*** Begin section ***

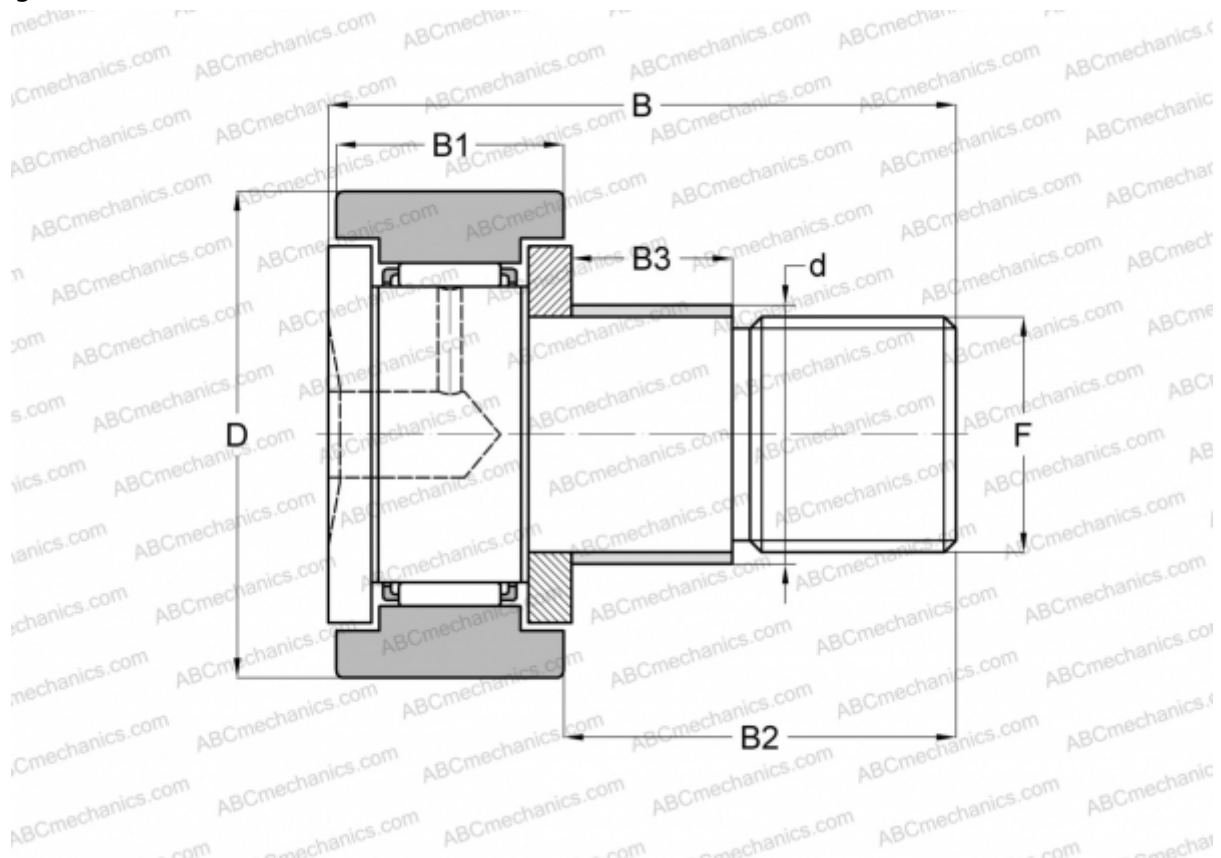

## CFE 24 B ABC

Cam followers

TYPE: Roller bearings, Stud type track rollers, With axial guidance, with eccentric collar, cylindrical outer ring, hex socket

### Technical specification

#### DIMENSIONS, MM

d	33,000
D	62,000
B	80,100
B1	29,000
B2	49,500
F	M24x1.5

**WEIGHT, KG** 0,895

**MANUFACTURER** [ABC](#)

*** End section ***

◆ Task instructions ◆
Only the lines from the one containing "Cam followers" through the last line of the material should be returned, each one exactly as written.

◆ Answer section ◆
Cam followers

TYPE: Roller bearings, Stud type track rollers, With axial guidance, with eccentric collar, cylindrical outer ring, hex socket

### Technical specification

#### DIMENSIONS, MM

d	33,000
D	62,000
B	80,100
B1	29,000
B2	49,500
F	M24x1.5

**WEIGHT, KG** 0,895

**MANUFACTURER** [ABC](#)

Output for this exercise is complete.